Exercise directions: The records are to be copied from the line that contains "1157 Midland Ave." through their last line, word for word, with every picture left out.

Exercise materials:
※
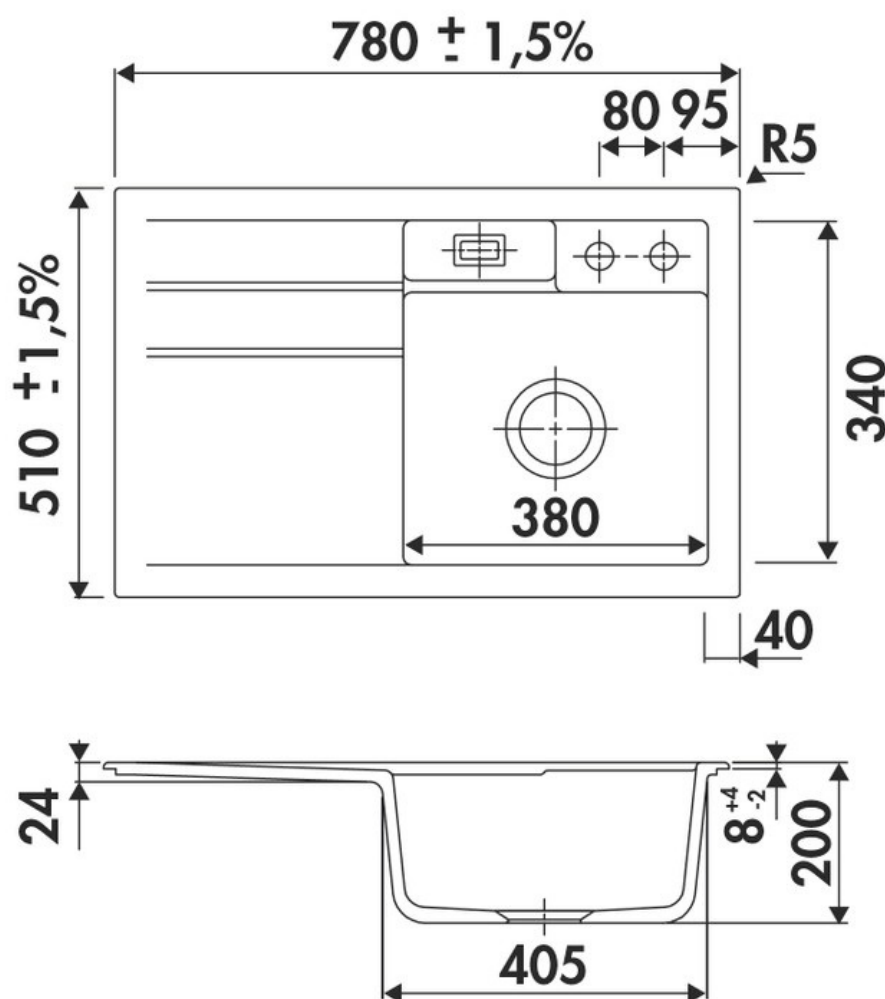

Matériau & Coloris

Matériau	Luisiceram
Couleur	Blanc
Couleur évier	Blanc brillant

Dimensions & Poids

Largeur (en mm)	780
Profondeur (en mm)	510
Dimension mini sous-évier (en mm)	450
Largeur encastrement (en mm)	750
Profondeur encastrement (en mm)	480
Largeur cuve (en mm)	380
Profondeur cuve (en mm)	340
Hauteur cuve (en mm)	200
Diamètre bonde cuve (en mm)	90
Poids net (en kg)	22

Oui

Montage robinetterie sur évier

Oui

Positionnement égouttoir

Gauche

Nombre trous prépercés par côté

3

Nombre d'égouttoirs

1

Norme

EN13310

Code EAN

3537390178141

Marque

Luisina

luisina
DESIGN
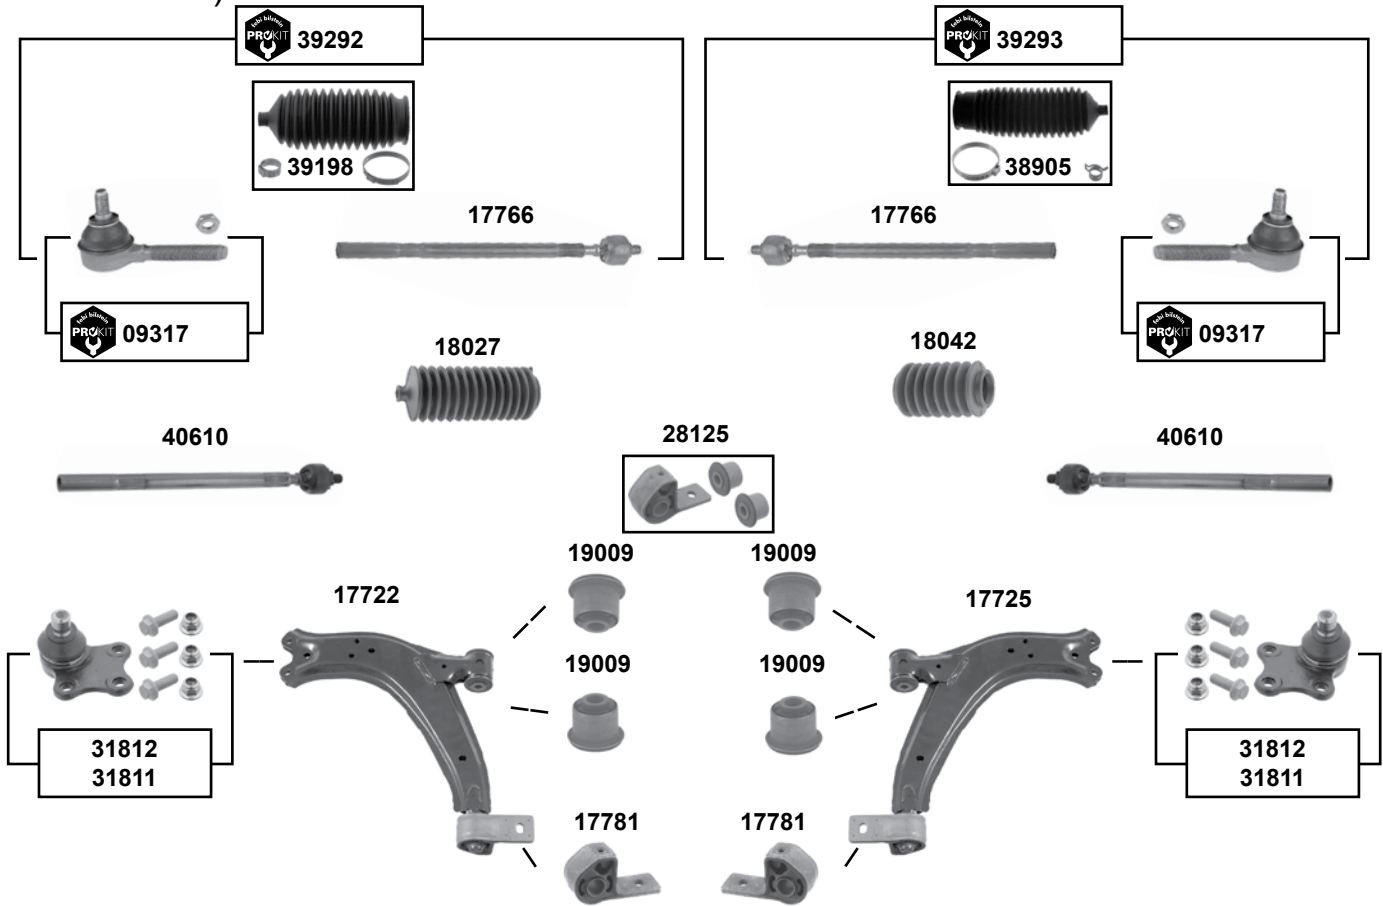

Berlingo I + II

(1996 → 2008)

Vorderachse / Front axle

- (1) Berlingo I 96 → 02 (ex.) 2,0 HDI / O 07973 → // Berlingo II 02 → 08 (ex.) 1,6 16V / 1,6 HDI / 2,0 HDI
- (2) Berlingo I 96 → 02 (ex.) 2,0 HDI / → O 07972
- (3) Berlingo I 96 → 02 alle / all, (ex.) (mot.) DW10TD, (ex.) Multifunktionsdach / multifunctional roof
  Berlingo II 02 → 08 (mot.) TU1JP, DW8B, TU3A // TU3JP (ex. Achslast / payload 800 kg)
- (4) Berlingo I 96 → 02 (mot.) DW10TD (ex.) servo Berlingo II 02 → 08 (mot.) DV6ATED4, DV6B, DW10TD
- (5) Berlingo I 96 → 02 Berlingo II 02 → 08
- (6) Berlingo II 02 → 08 (mot.) DV6B / DV6ATED4 / DW10TD O 10017 →

Ref. - No.

Part No.	Ref. - No.	Description	Notes	Dimensions
09317	3817.50	ProKit Spurstangenendstück / tie rod end		M10 x 1,25
17722	3520.H5	Querlenker / control arm	(3)	
17725	3521.E5	Querlenker / control arm	(3)	
17766	3812.C0	Spurstange / tie rod		L 345
17781	3523.75	Querlenkerlager / control arm mount		
18027	4066.20	Lenkmanschette / steering boot		
18042	4066.22	Lenkmanschette / steering boot		
19009	3520.H5 S1	Querlenkerlager / control arm mount		
28125	3520.H5 S2	Rep.Satz Querlenkerlager / rep. kit control arm mount	(ex.) HDI / HD	
31811	3640.51 S1	Rep. Satz Traggelenk / rep. kit ball joint	(1)	Ø A 18
31812	3640.42 S1	Rep. Satz Traggelenk / rep. kit ball joint	(2)	Ø A 16
38905	4066.44	Rep. Satz Lenkmanschette / rep. kit steering boot	→ 02 (ex.) servo	L 196,6
39198	4066.43 S1	Rep. Satz Lenkmanschette / rep. kit steering boot	(4)	L 154,5
39292	3812.C0 S1	ProKit Spurstange / tie rod	(5) (ex.) servo	
39293	3812.C0 S2	ProKit Spurstange / tie rod	(5) (ex.) servo	
40610	3812.E4	Axialgelenk / axial joint	(6)	L 355
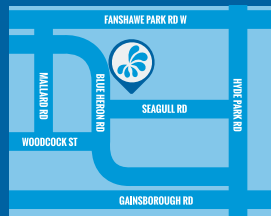

BURLINGTON

4265 Fairview Rd.
905-637-5201

CHATHAM

350 Riverview Rd.
519-354-9142

HAMILTON

1160 Rymal Rd. E.
905-388-6233

KINGSTON

1157 Midland Ave.
613-389-4747

KITCHENER

1176 Victoria St. N.
519-578-5010

LONDON

1985 Blue Heron Dr.
519-657-5210

MARKHAM

71 Cochrane Dr.
905-946-8008

NEWMARKET

17915 Leslie St.
905-836-9636
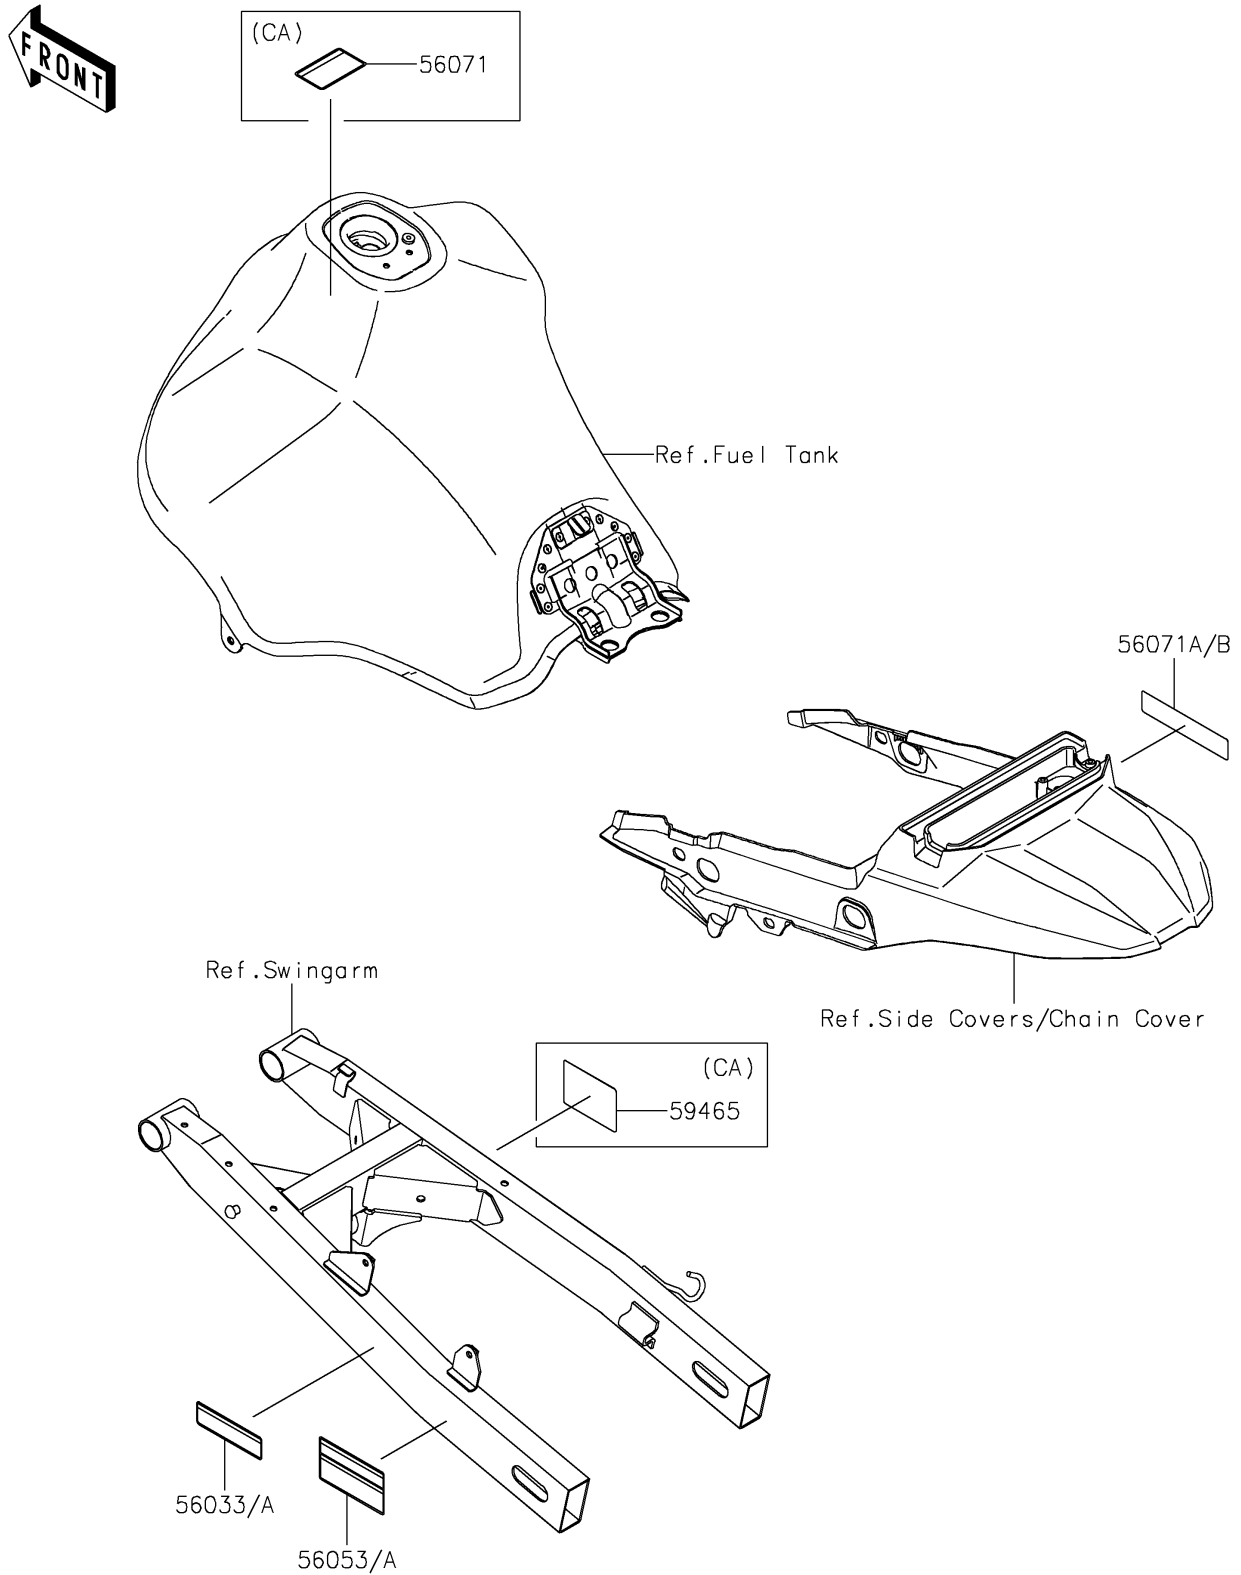

2023 KLR® 650 S PARTS DIAGRAM

Labels

F2860

2023 KLR® 650 S PARTS LIST

Labels

ITEM NAME	PART NUMBER	QUANTITY
-----------	-------------	----------
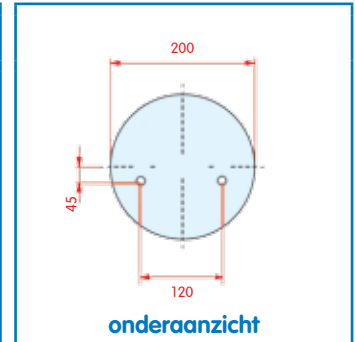

onderaanzicht

Luchtbalg compleet (Complete Assembly)
Type 3042 B HD

Luchtaansluiting binnen
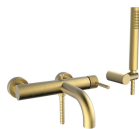

Μπαταρία Λουτρού ARMANDO
BRUSHED GOLD

355,00 €
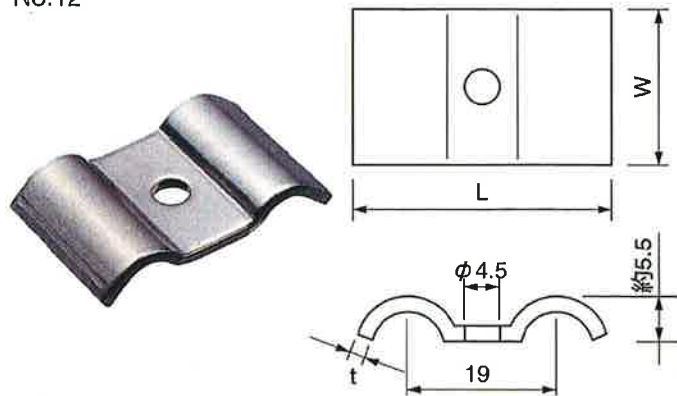

サドルバンド SUS - 304

No.12

No.13~No.15
※
Your response:
1157 Midland Ave.
613-389-4747

KITCHENER

1176 Victoria St. N.
519-578-5010

LONDON

1985 Blue Heron Dr.
519-657-5210

MARKHAM

71 Cochrane Dr.
905-946-8008

NEWMARKET

17915 Leslie St.
905-836-9636

2023 KLR® 650 S PARTS DIAGRAM

Labels

F2860

2023 KLR® 650 S PARTS LIST

Labels

ITEM NAME	PART NUMBER	QUANTITY
-----------	-------------	----------

onderaanzicht

Luchtbalg compleet (Complete Assembly)
Type 3042 B HD

Luchtaansluiting binnen

Μπαταρία Λουτρού ARMANDO
BRUSHED GOLD

355,00 €

サドルバンド SUS - 304

No.12

No.13~No.15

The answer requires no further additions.